A marginal d-connecting path between two nodes is a path with no consecutive edges of the form → ← * (that is, no colliders on the path). In other words all directed paths are marginal d-connecting but the opposite isn’t true.
The justification for this definition is that if A “structurally causes” B in a DAG G, then if we were to intervene on A, we would observe B change (but not vice versa) in “most” distributions that arise from causal structures consistent with G. Similarly, if A and B are “structurally dependent” in a DAG G, then in “most” distributions consistent with G, A and B would be marginally dependent (e.g. what you probably mean when you say ‘correlations are there’).

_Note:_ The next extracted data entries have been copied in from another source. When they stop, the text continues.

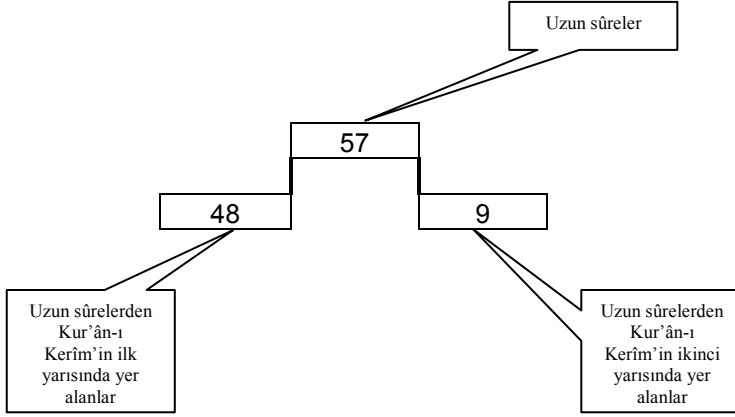

Şekil-2 Uzun sûrelerin ilk ve ikinci yarıdaki dağılımı görülmüyor.

Kısa sûrelerden Kur'ân-ı Kerîm'in ikinci yarısında yer alanlar

Sıra no	Sûre adı	Âyet sayısı	Sıra no	Sûre adı	Âyet sayısı
58	Mücâdele	22	91	Şems	15
59	Haşr	24	92	Leyl	21
60	Mümteherine	13	93	Duhâ	11
61	Saff	14	94	İnşirâh	8
62	Cum'a	11	95	Tîn	8
63	Münâfikûn	11	96	Alak	19
64	Teğâbün	18	97	kadir	5
65	Talâk	12	98	Beyyine	8
66	Tahrîm	12	99	Zilzâl	8
67	Mülk	30	100	Âdiyât	11
71	Nûh	28	101	Kâri'a	11
72	Cin	28	102	Tekâsür	8
73	Müzzemmil	20	103	Asr	3
76	İnsân	31	104	Hümeze	9
81	Tekvîr	29	105	Fil	5
82	İnfîtâr	19	106	Kureyş	4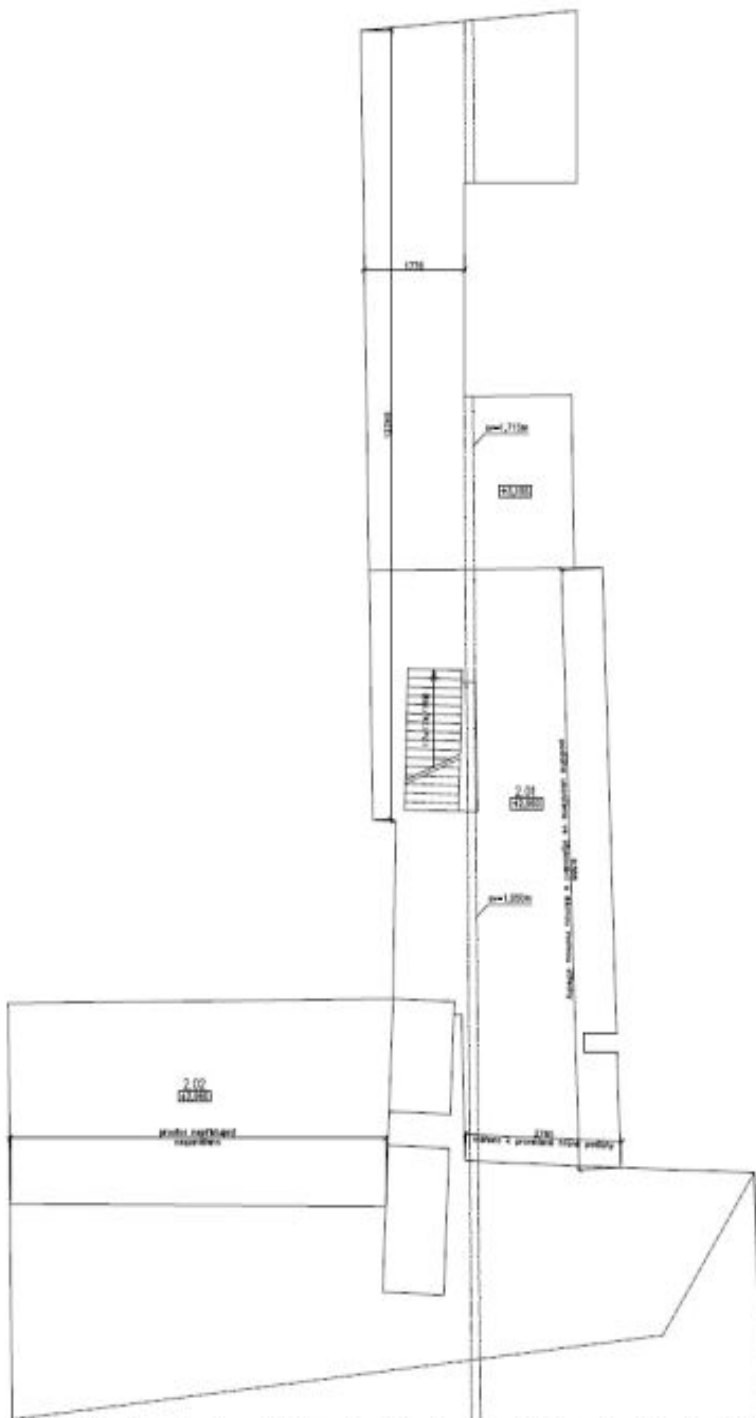

Plně zařízený a klimatizovaný mezonetový půdní byt s nádherným výhledem a 24 hodinovou ostrahou ve 3. patře kompletně rekonstruované historické budově na Malé Straně, jen pár kroků od Karlova mostu.

V bytě se nachází plně vybavená kuchyně, obývací pokoj, 2 ložnice, koupelna s vanou, sprchovým koutem a umyvadlem, toaleta s bidetem zvlášť a galerie.

Plocha je tvořena součtem celé plochy jednotky a ohraničená obvodovými zdmi.

Byt 3+kk

171 m², Praha 1, Malá Strana, Cihelná

Pronajato

Byt 3+kk

171 m², Praha 1, Malá Strana, Cihelná

Pronajato

Poznámka
Všechny údaje jsou zobrazeny s přesností na dvě desetinná místa a mohou být přibližné a závislé na měřicím systému.

VRCHNÍ PODLAŽÍ

Číslo	plocha (m ²)
1.01	101,07
1.02	5,70
1.03	2,07
1.04	13,80
1.05	2,30
1.06	56,8
1.07	9,26
celkem	211,47 m²

Byt 3+kk

171 m², Praha 1, Malá Strana, Cihelná

Pronajato

Poznámka:
Vzhledem ke standardnímu stavu bytu jsou rozměry stěn rovinné k posuvným roletám jako v nerealizované příloze stáčet a provedení povrchu stěn.

VRCHNÍ POCLOUČ

číslo	popis	plocha (m ²)
2.01	občasná	10,17
2.02		1,75
2.03		2,32
2.04		13,85
2.05	schodiště	1,36
2.01		16,9
2.02	terasa	
celkem		213,40 m²

Byt 3+kk

171 m², Praha 1, Malá Strana, Cihelná

Pronajato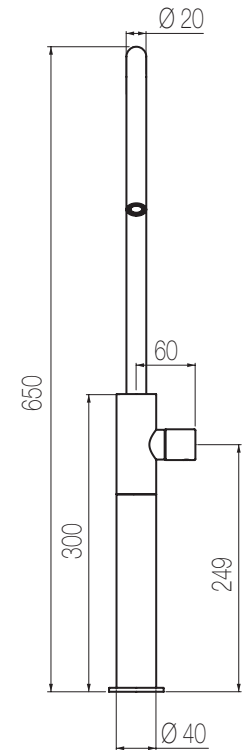

€

HIRO

Lavabo rialzato +

Miscelatore monocomando lavabo rialzato con canna a ponte grande girevole (160°) senza salterello e scarico
Single lever high basin mixer with big bridge-shaped swivel spout (160°) without pop-up waste and drain

€

HIRO

Lavabo rialzato alto

Miscelatore monocomando lavabo rialzato alto con canna grande girevole (160°) senza salterello e scarico
Single lever tall basin mixer with big swivel spout (160°) spout without pop-up waste and drain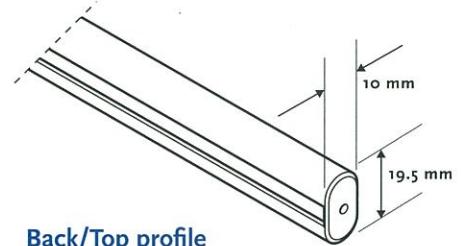

Standard Topics

Tube

Bottom rail

Back/Top profile

Control sides

5100

5101

Fixation options

5316

5318

Others

5901

5972

Size restrictions

Size Ind.	Sizes in mm		Remarks
	min.	max	
A	300	2500	
A ¹	16,5		
A ²	19,5		
B	300	2500	
C	81		
D	A +/- 36		
AxB (sqm)	0.09	6.25	Daylight/Blackout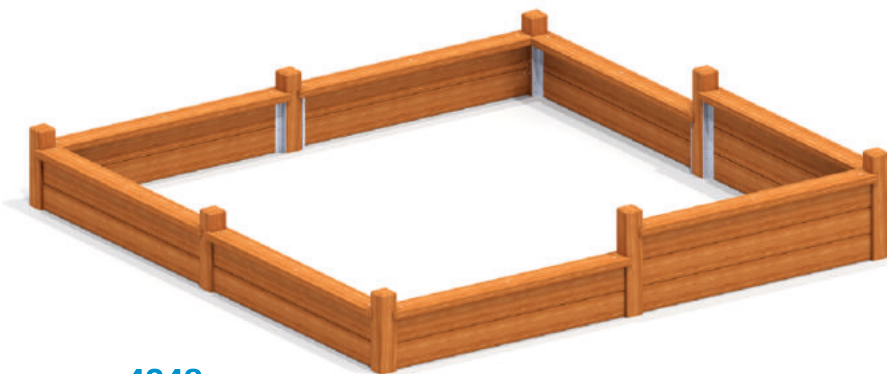

4248
ПЕСОЧНИЦА

ПЕСОЧНИЦЫ

👤 👤 >1

👤 460 мм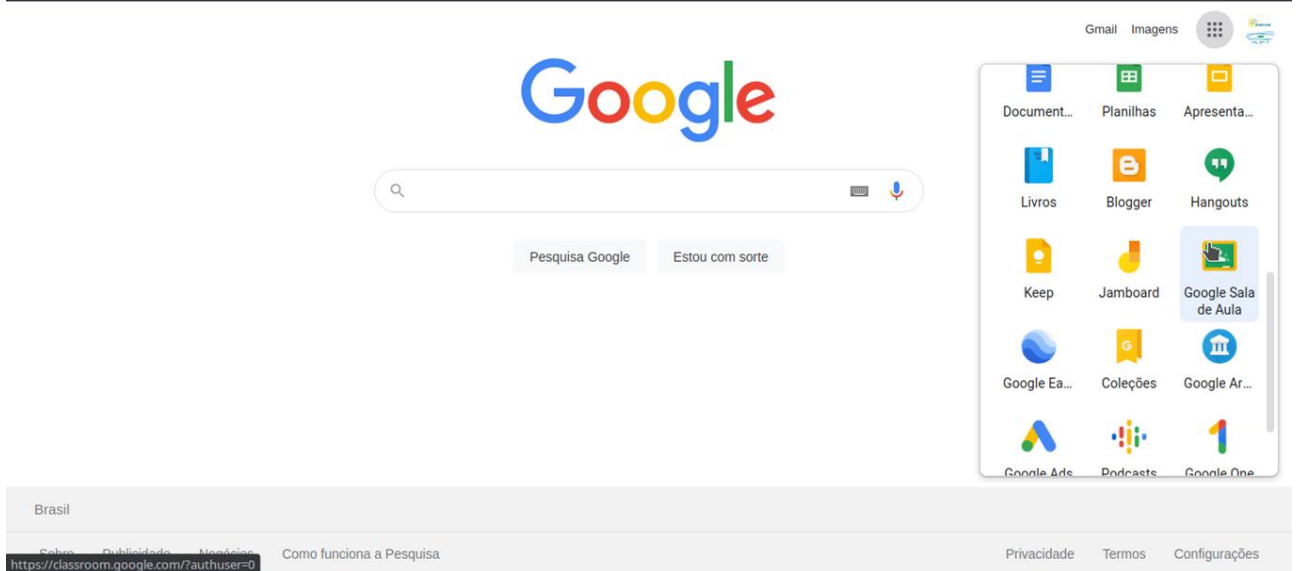

Tutorial para acesso ao gogle sala de aula(para professores)

Passo 1

Faça o login no gogle com a conta do Parfor utilizando os dados fornecidos

Passo 2

Entre no gogle sala de aula clicando no ícone conforme a imagem

Passo 3

Clique no cartão à esquerda para acessar a turma

Feito isso seu acesso estará garantido à sala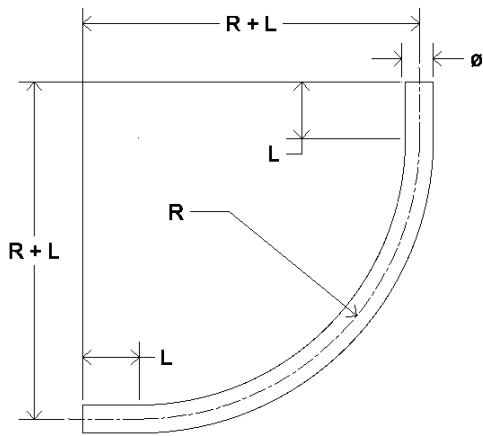

Rørbøjninger

Ø (mm) R (mm) α L (mm)

38 x 1,5 250 90° / 45° 200

38 x 1,5 500 90° / 45° 200

38 x 1,5 800 90° / 45° 200

40 x 1,5 90 90° 100

40 x 1,5 250 90° / 45° 100

40 x 1,5 380 90° / 45° 100

40 x 1,5 500 90° / 45° 100 / 200 / 150

40 x 1,5 800 90° / 45° 200

40 x 1,5 1000 90° / 45° 200

45 x 1,5 90 90° 100

45 x 1,5 300 90° / 45° 200

50 x 1,5 90 90° 100

50 x 1,5 250 90° / 45° 100 / 200

50 x 1,5 500 90° / 45° 100 / 200

50 x 1,5 800 90° / 45° 200

50 x 1,5 1000 90° / 45° 200

54 x 2,0 500 90° / 45° 200

54 x 2,0 800 90° / 45° 200

Ø (mm) R (mm) α L (mm)

60,3 x 1,5 90 90° 100

60,3 x 1,5 300 90° / 45° 200

60,3 x 1,5 500 90° / 45° 200

Ø (mm)	R (mm)	α	L (mm)
101,6 x 2,0	150	90°	150
101,6 x 2,0	500	90° / 45°	200
101,6 x 2,0	800	90° / 45°	200
101,6 x 2,0	1000	90° / 45°	200

104 x 2,0	150	90°	150
104 x 2,0	500	90° / 45°	200
104 x 2,0	800	90° / 45°	200
104 x 2,0	1000	90° / 45°	200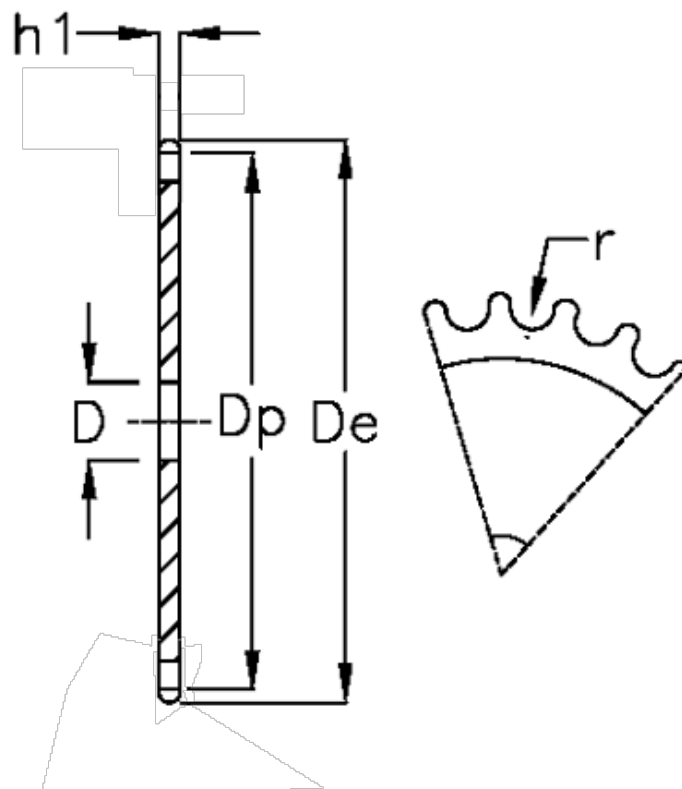

Varenummer: 616021002032
Beskrivelse: Pladehjul 05 B-1 Z=32 simplex

Mål

| | |
|--------------------|--------------|
| Antal tænder | = 32 |
| C | = 1 |
| D | = 10 |
| De | = 84.9 |
| Dp | = 81.61 |
| For kædebetegnelse | = 05 B-1 |
| For kæde størrelse | = 8 x 3,0 mm |
| h1 | = 2.8 |

r = 5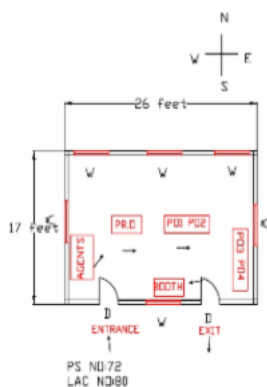

Nazri Naksha

Google Map View

Polling Station Building Front View

ভোটগ্ৰহন কেন্দ্ৰৰ সন্মুখৰ দৃশ্য

Cad View

Key MAP View

I qualify with “most” because we cannot simultaneously represent dependences and independences by a graph, so we have to choose. People have chosen to represent independences. That is, if in a DAG G some arrow is missing, then in any distribution (causal structure) consistent with G, there is some sort of independence (missing effect). But if the arrow is not missing we cannot say anything. Maybe there is dependence, maybe there is independence. An arrow may be present in G, and there may still be independence in a distribution consistent with G. We call such distributions “unfaithful” to G. If we pick distributions consistent with G randomly, we are unlikely to hit on unfaithful ones (subset of all distributions consistent with G that is unfaithful to G has measure zero), but Nature does not pick randomly.. so unfaithful distributions are a worry. They may arise for systematic reasons (maybe equilibrium of a feedback process in bio?)
If you accept above definition, then clearly for a DAG with n vertices, the number of pairwise structural dependence relationships is an upper bound on the number of pairwise structural causal relationships. I am not aware of anyone having worked out the exact combinatorics here, but it’s clear there are many many more paths for structural dependence than paths for structural causality.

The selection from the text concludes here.